### Directions for this task:
State the number of lines in the following data that contain the string "ÖĞRETMENLİĞİ", and nothing else.

### Available records:
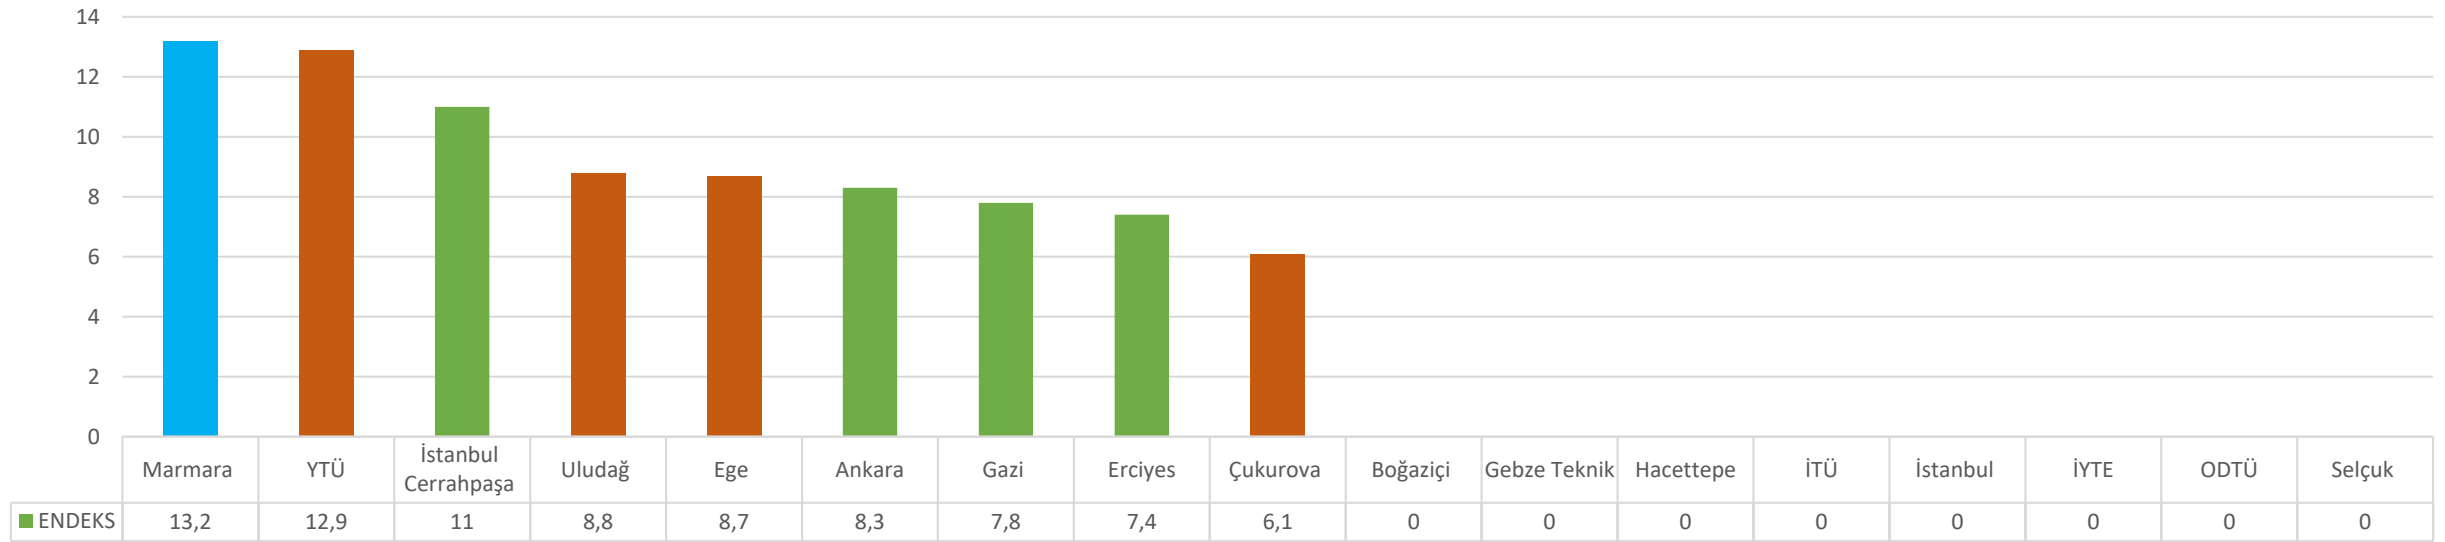

YEŞİL: Araştırma Üniversiteleri

TURUNCU: Aday Araştırma Üniversiteleri

SINIF ÖĞRETMENLİĞİ

MAVİ: Marmara Üniversitesi

YEŞİL: Araştırma Üniversiteleri

TURUNCU: Aday Araştırma Üniversiteleri

SOSYAL BİLGİLER ÖĞRETMENLİĞİ

### Output:
2